Language of essences

Language of essences November 30, 2012

In his classic study of The Search for the Perfect Language (The Making of Europe) , Umberto Eco summarizes Dante’s proto-Chomskyan argument about the effects of Babel on the forma locutionis , the innate grammar with which Adam was created. Eco says, “It seems most likely that Dante believed that, at Babel, there had disappeared the perfect forma locutionis whose principles permitted the creation of languages capable of reflecting the true essence of things; languages, in other words, in which the modi esendi of things were identical with the modi significandi . The Hebrew of Eden was the perfect and unrepeatable example of such a language. What was left after Babel?

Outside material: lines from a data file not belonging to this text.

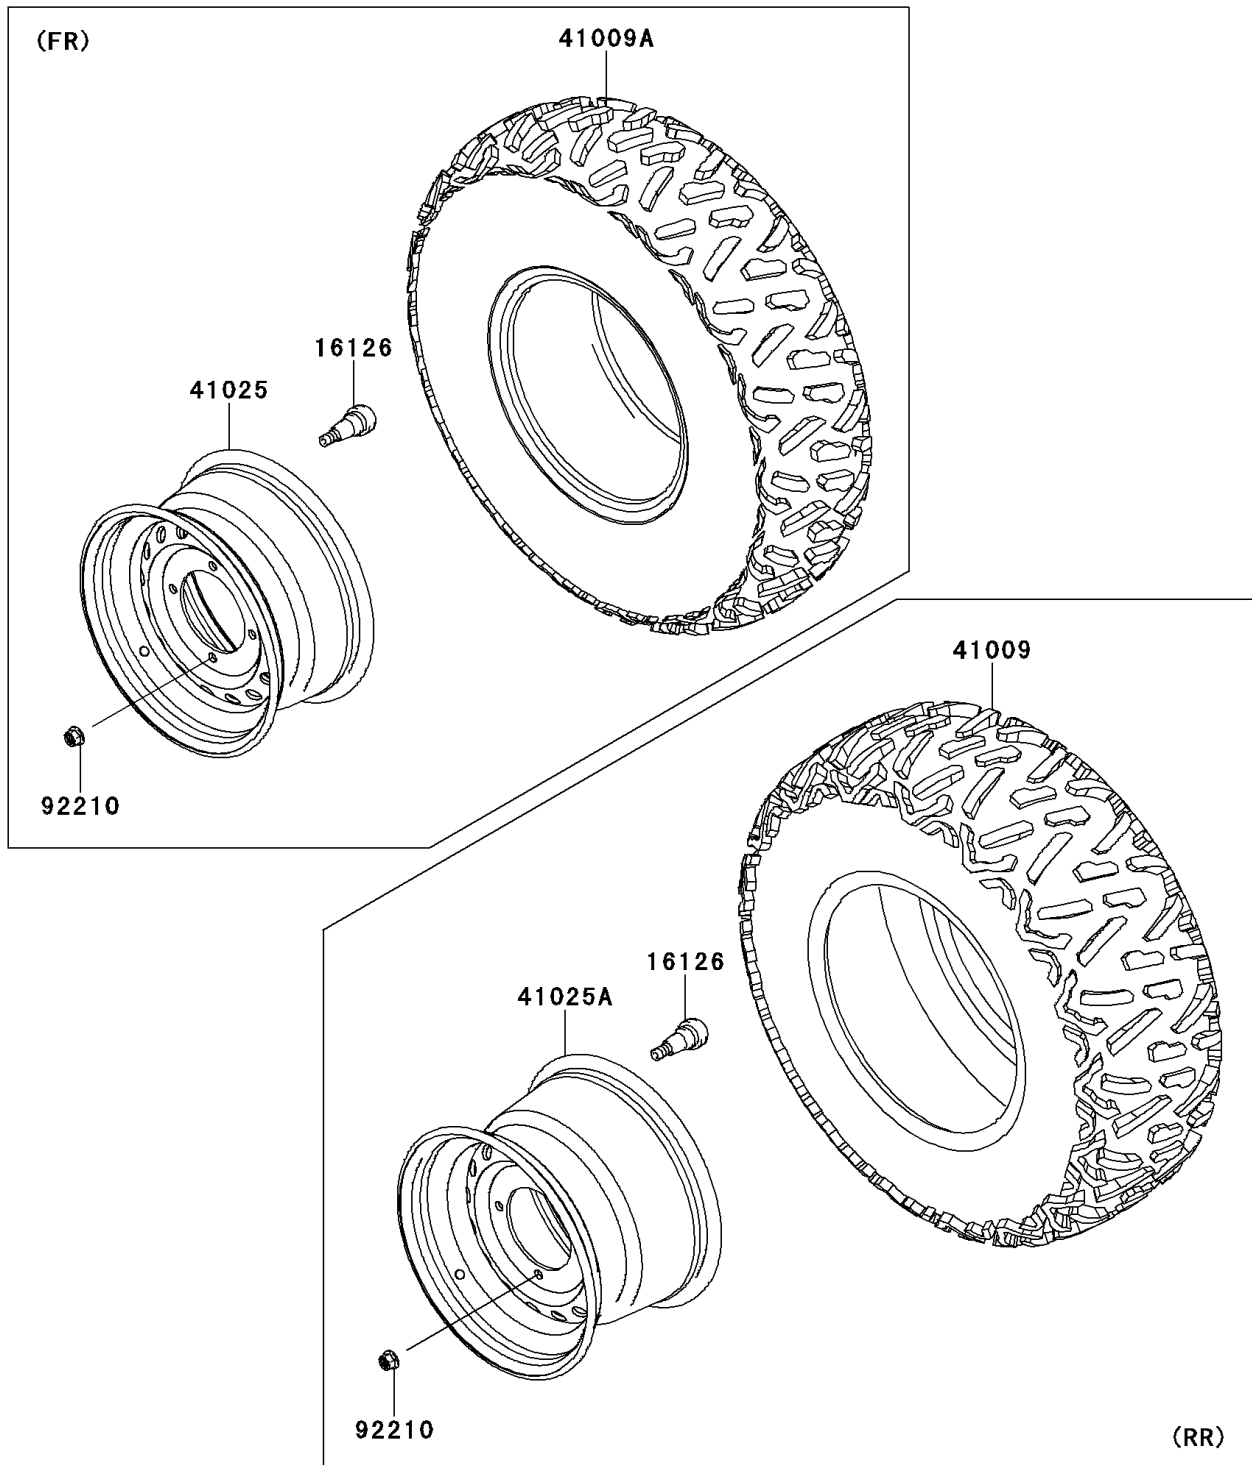

2013 TERYX4™ 750 4x4 (Canadian) PARTS DIAGRAM

Wheels/Tires

F2210

2013 TERYX4™ 750 4x4 (Canadian) PARTS LIST

Wheels/Tires

ITEM NAME	PART NUMBER	QUANTITY
VALVE (Ref # 16126)	16126-4001	1
TIRE,RR,26X11.00-12,MU10 (Ref # 41009)	41009-0506	1
TIRE,26X9.00R12 6PLY,BIGHORN2 (Ref # 41009A)	41009-0511	1
RIM,FR,12X6.0AT,F.S.BLACK (Ref # 41025)	41025-0310-397	1
RIM,RR,12X8.0AT,F.S.BLACK (Ref # 41025A)	41025-0311-397	1
NUT,12MM (Ref # 92210)	92210-0603	1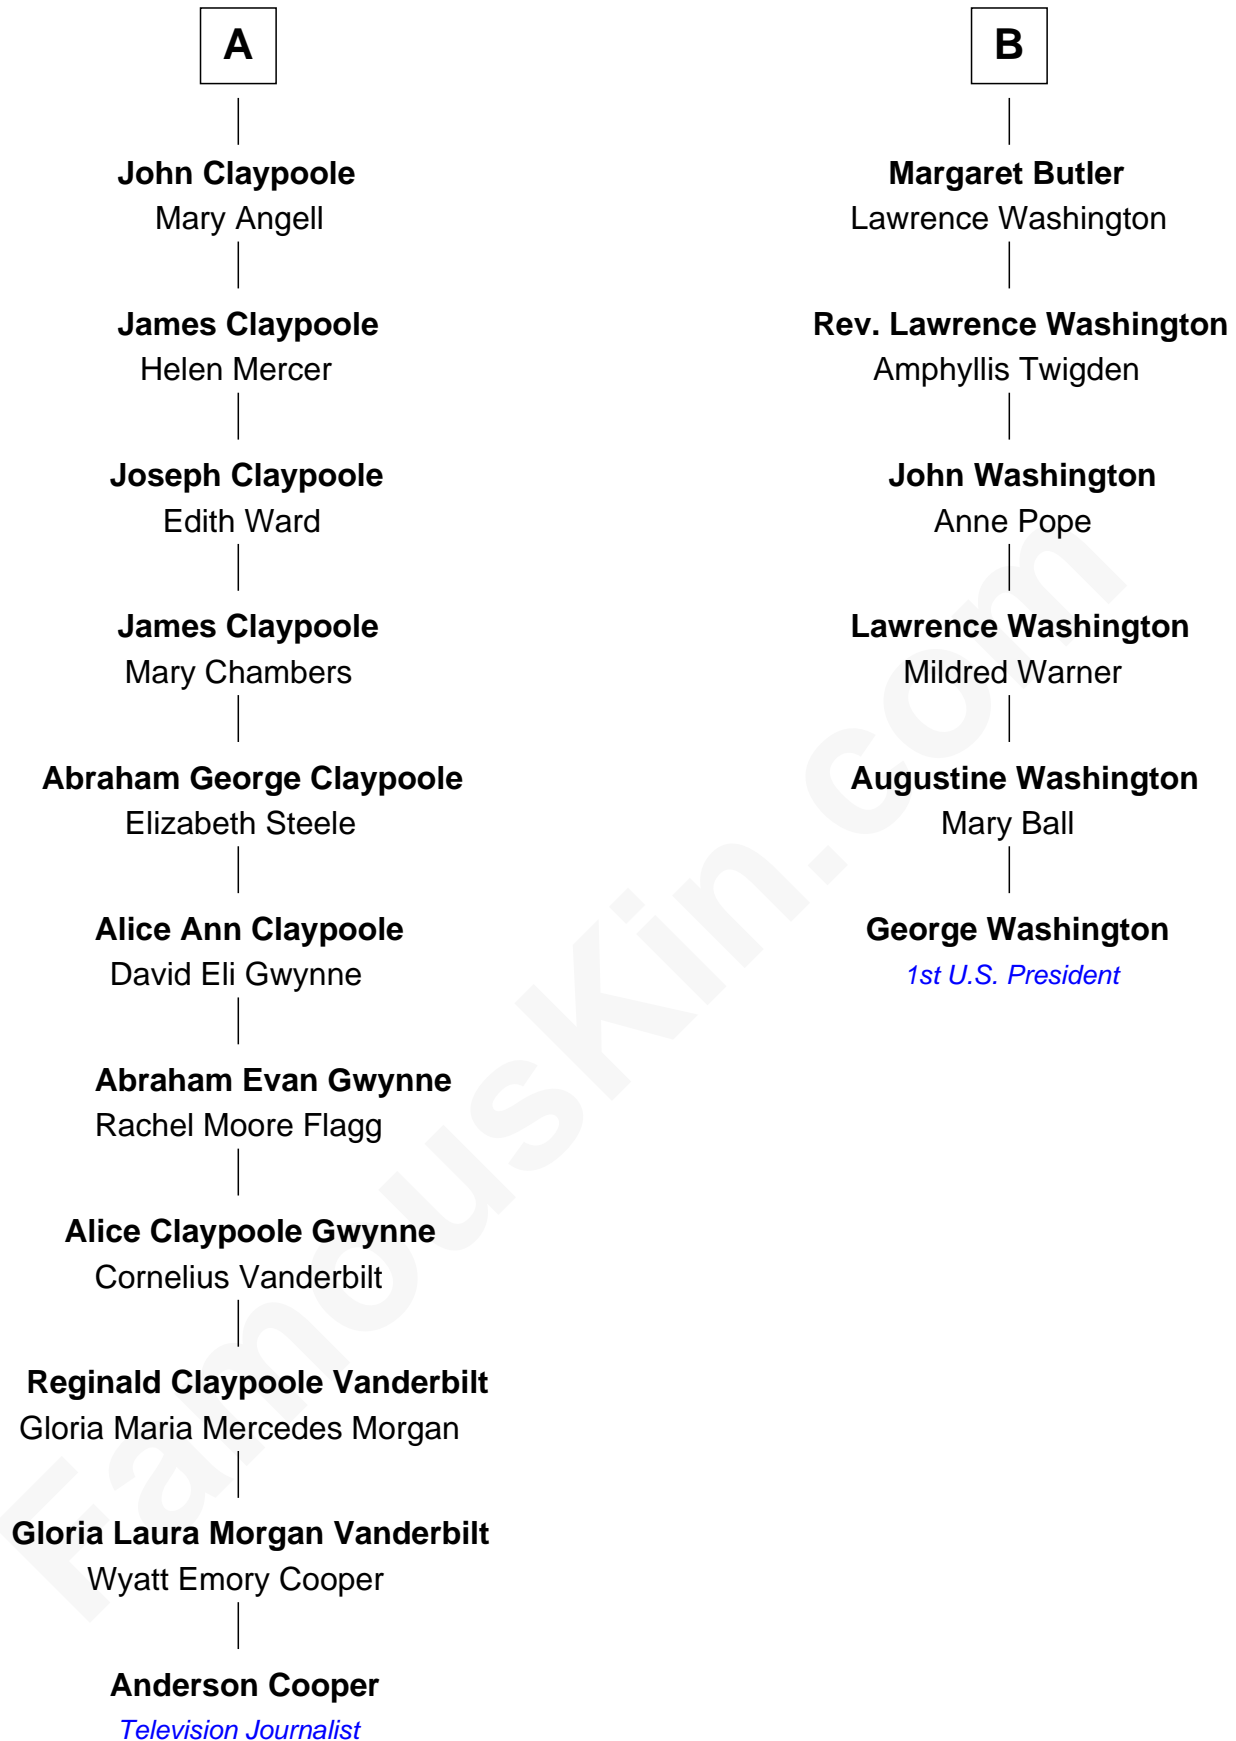

FamousKin.com Relationship Chart of

Anderson Cooper
Television Journalist

12th cousin 5 times removed of

George Washington
1st U.S. President

Richard Fitzalan
Eleanor Plantagenet

Sir Richard Fitzalan
Elizabeth de Bohun

Elizabeth Fitzalan
Sir Robert Goushill

Elizabeth Goushill
Sir Robert Wingfield

Sir Henry Wingfield
Elizabeth Rookes

Robert Wingfield
Margery Quarles

Robert Wingfield
Elizabeth Cecil

Dorothy Wingfield
Adam Claypoole

A

Alice Fitzalan
Sir Thomas de Holand

Eleanor Holand
Edward Cherleton

Joyce Cherleton
Sir John Tiptoft

Joyce Tiptoft
Sir Edmund Sutton

Sir John Sutton
Anne Clarell

Margaret Sutton
John Butler

William Butler
Margaret Greeke

B

Anderson Cooper photo by [Tulane Public Relations](#) (CC BY 2.0)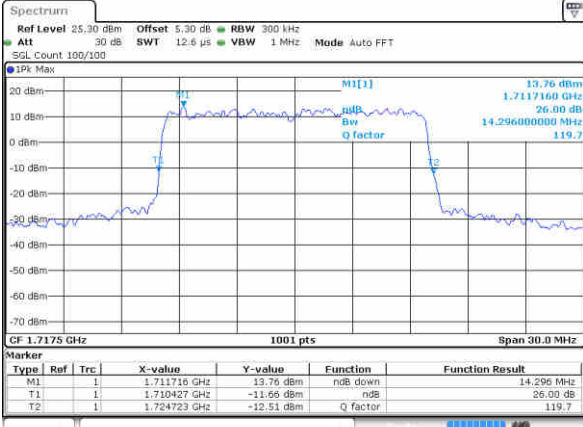

Highest Channel / 10MHz / QPSK

Date: 16 JAN 2016 12:56:01

Highest Channel / 10MHz / 16QAM

Date: 16 JAN 2016 12:56:11

LTE Band 4

Lowest Channel / 15MHz / QPSK

Date: 16 JAN 2016 13:05:00

Lowest Channel / 15MHz / 16QAM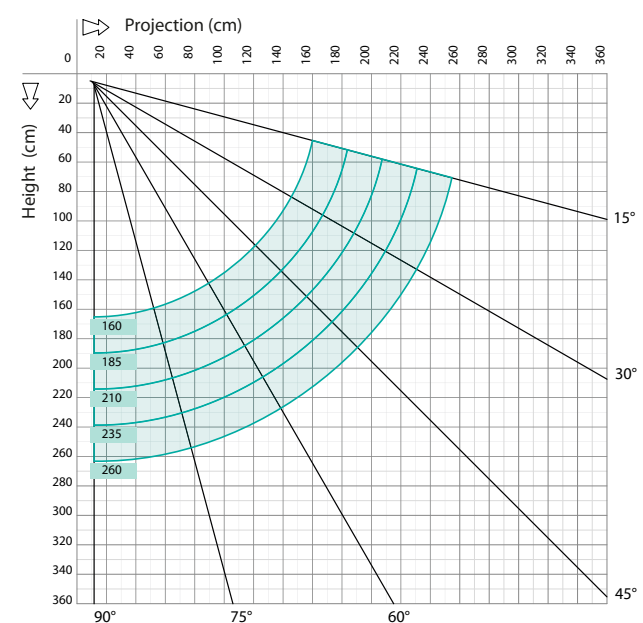

LED ARMS

Wall installation

Wall installation 75°

Ceiling installation 15°

Ceiling installation 90°

Wall covering diagram

Ceiling covering diagram

Armony Plus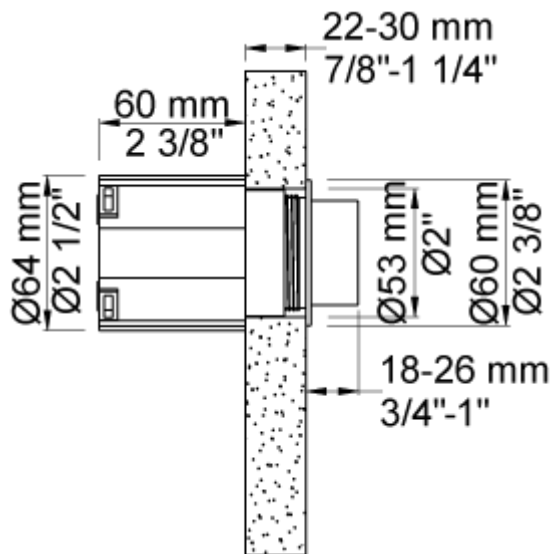

Date:

Client:

Project:

VOLA product: A83

**A83**

Push button for dual flow system for Geberit (Serie 100/200/300/320) and Ifö (installationkit IFÖ artnr 98930) with pneumatic flush.

**Available in colours**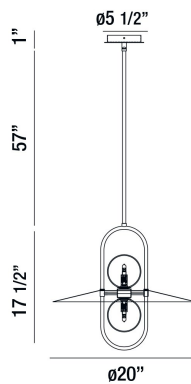

### PRODUCT DETAILS

No.	:	35898-023
Product Color	:	CHROME
Product Material	:	METAL
Shade / Accent Colour	:	OPAL WHITE
Shade / Accent Material	:	GLASS
Diameter	:	20"
Height	:	17.5"
Overall Height	:	75.5"
Weight	:	7.7lbs

### TECHNICAL DETAILS

Hanging Support Type	:	ROD
Hanging Support Length	:	57"
Rods Included	:	3"+6"+12"+18"+18"
Canopy / Backplate Height	:	1"
Canopy / Backplate Dia.	:	5.5"
Location	:	DRY
Approval	:	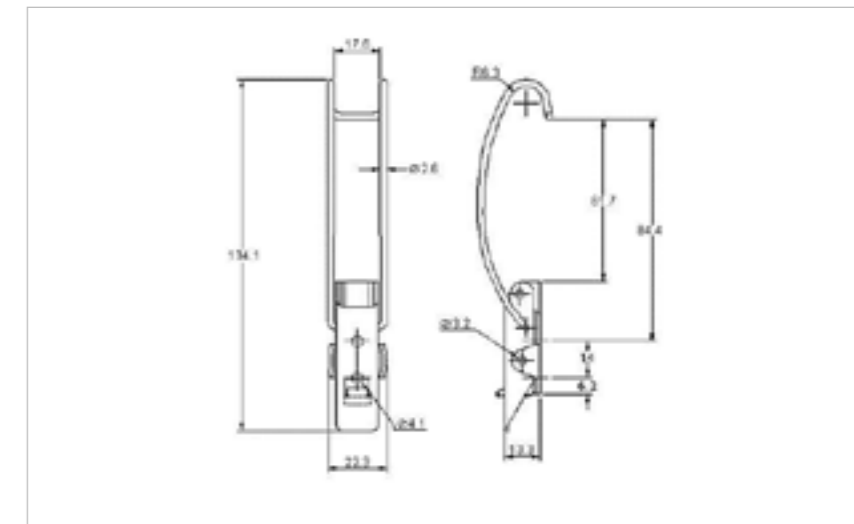

613/7SS

613/9SS

FOR FURTHER PRODUCT INFO AND PRICING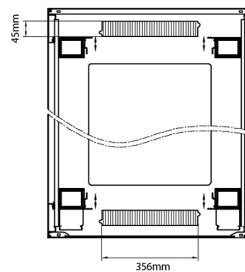

Base

Base Cut Out Dimensions

580 mm Wide
by
276 mm Deep (600 mm deep rack)
476 mm Deep (800 mm deep rack)
676 mm Deep (1000 mm deep rack)

Part Number Table

Part Number	Description
542-1588-GSBF-BK	Environ CR600 15U Rack 800x800 mm Glass (F) Steel (R) B/Panels Fr/Mgmt Black
542-2088-GSBF-BK	Environ CR800 20U Rack 800x800 mm Glass (F) Steel (R) B/Panels Fr/Mgmt Black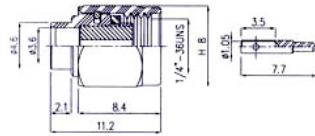

1. SMA Straight Plug (With Center Contact)

Semi-Rigid
Cable -Direct
Solder Attachment

Finish: gold plated center contact & body
Insulation: Teflon

Ordering Code	Applicable Cable RG/U	Notes
SMA-50PAG0112BRX	RG 402/U (.141")	
SMA-50PAG0113BRX	RG 405/U (.085")	

2. SMA Right Angle Plug

Semi-Rigid
Cable -Direct
Solder Attachment

Finish: gold plated center contact & body
Insulation: Teflon

Ordering Code	Applicable Cable RG/U	Notes
SMA-50PAG0612BRX	RG 402/U (.141")	
SMA-50PAG0613BRX	RG 405/U (.085")	

3. SMA Straight Jack

Semi-Rigid
Cable -Direct
Solder Attachment

Finish: gold plated center contact & body
Insulation: Teflon

Ordering Code	Applicable Cable RG/U	Notes
SMA-50SAG0112BRX	RG 402/U (.141")	
SMA-50SAG0113BRX	RG 405/U (.085")	

4. SMA Straight Bulkhead Jack

Semi-Rigid
Cable -Direct
Solder Attachment

Finish: gold plated center contact & body
Insulation: Teflon

Ordering Code	Applicable Cable RG/U	Notes
SMA-50SAG6412BRX	RG 402/U (.141")	
SMA-50SAG6413BRX	RG 405/U (.085")	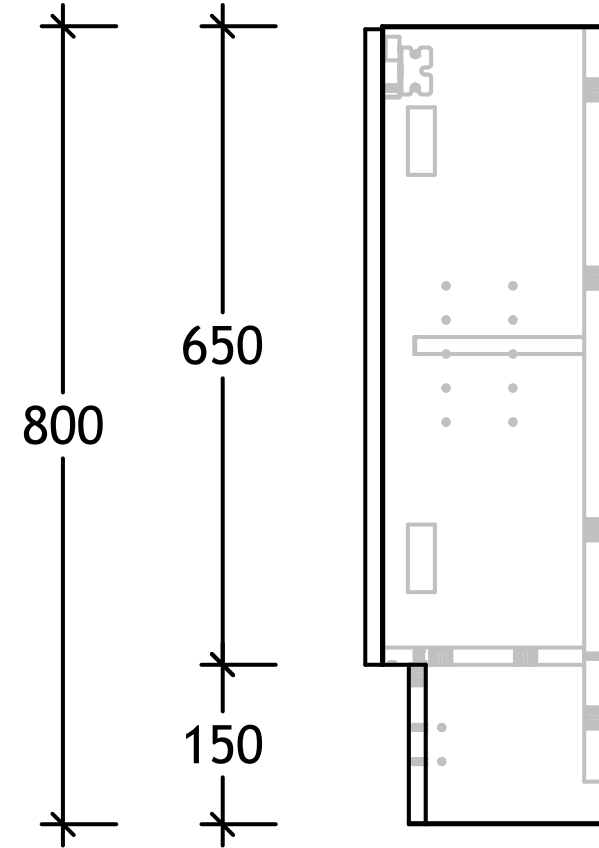

400

200

CERAMIC TOP

BASIN CAPACITY: 3L TO RIM

400

70 BOWL DEPTH

1.5
386.5

388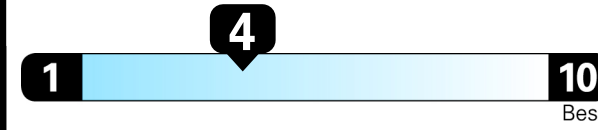

Gasoline Vehicle

2026 Atlas Cross Sport SE w/ Technology

Volkswagen

Pure Gray exterior
Titan Black leatherette interior

8-speed Automatic w/ Tiptronic® 4MOTION®

Fuel Economy
22 MPG
combined city/hwy
20 city
26 highway
4.5 gallons per 100 miles

Small SUVs range from 14 to 125 MPG. The best vehicle rates 146 MPGe.

You spend \$2,750 more in fuel costs over 5 years compared to the average new vehicle.

Annual fuel COST \$2,250

Fuel Economy & Greenhouse Gas Rating (tailpipe only)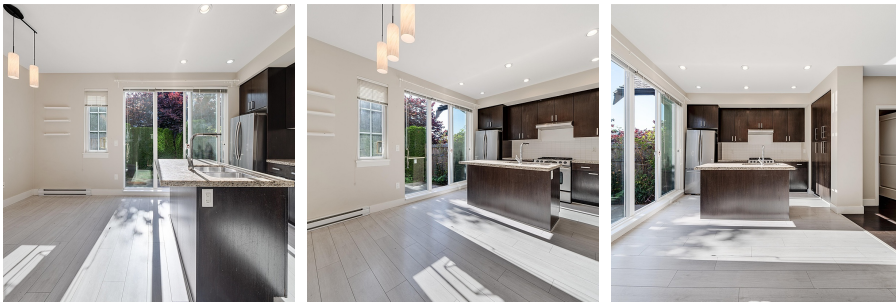

FEATURES

Year Built: 2011

Listed By: Interlink Realty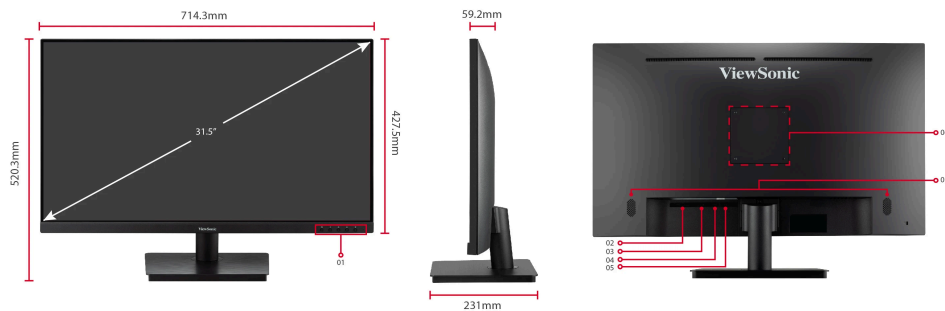

จอมอนิเตอร์แอลอีดี

VA3209-MH

คีย์ คุณสมบัติ

- SuperClear® IPS panel
- Full HD 1080p resolution
- 3 side borderless bezel
- 75hz Variable Refresh Rate
eliminates screen tearing and
reduce stuttering
- Eye-care technology for
comfortable viewing

สินค้า รายละเอียด

The ViewSonic VA3209-MH is a 32" Full HD monitor featuring HDMI and VGA inputs for business and home use. The optimal screen performance and comfortable viewing without tearing or stuttering is delivered through adaptive sync, eye-care technology, and various ViewMode presets. Simply expand your workspace and experience truly seamless, ergonomic multitasking on just one screen with a VESA-compatible mount at a low power consumption.

1. Menu Control Panel
2. DC In
3. HDMI
4. VGA
5. Audio Out
6. VESA Compatible (Wall Mount 100x100mm)

7. Speakers

เยี่ยมชม เรา

www.viewsonic.com

DISPLAY

Display Size (in.):	32
Viewable Area (in.):	31.5
Panel Type:	IPS Technology
Resolution:	1920 x 1080
Resolution Type:	FHD (Full HD)
Static Contrast Ratio:	1,200:1 (typ)
Dynamic Contrast Ratio:	50M:1
Light Source:	LED
Brightness:	250 cd/m ² (typ)
Colors:	16.7M
Color Space Support:	8 bit true
Aspect Ratio:	16:9
Response Time (Typical GTG):	4ms
Viewing Angles:	178° horizontal, 178° vertical
Backlight Life (Hours):	30000 Hrs (Min)
Curvature:	Flat
Refresh Rate (Hz):	75
Variable Refresh Rate Technology:	Yes
Low Blue Light:	Software solution
Flicker-Free:	Yes
Color Gamut:	NTSC: 72% size (Typ) sRGB: 104% size (Typ)
Pixel Size:	0.364 mm (H) x 0.364 mm (V)
Surface Treatment:	Anti-Glare (Semi-Glossy), Hard Coating (2H)

VIDEO INPUT

Digital Sync:	TMDS - HDMI (v1.4)
Analog Sync:	Separate - RGB Analog

ERGONOMICS

Tilt (Forward/Back):	-5° / 20°
----------------------	-----------

WEIGHT (IMPERIAL)

Net (lbs):	16.1
Net Without Stand (lbs):	13.4
Gross (lbs):	20.3

All that remained were shattered, imperfect formae locutionis , imperfect as the various vulgar Italian dialects whose defects and whose incapacity to express grand and profound thoughts Dante pitilessly analysed” (45).

Dante is, I think, quite wrong here. Humans have, of course, a hard-wired linguistic capacity, though whether Chomsky has captured it is another question. Where Dante goes astray is in thinking that there ever was or could be a language where signifier and signified perfectly coalesced without remainder. That might presume a metaphysics that fundamentally separates time and being; it presumes a world of timeless essences. Alternatively, it might imply a language (as Nietzsche understood) where every individual thing has its own name, and needs a new name every instant.

The asymmetry of signifier and signified is not an unfortunate lapse of language. It is what makes linguistic communication possible.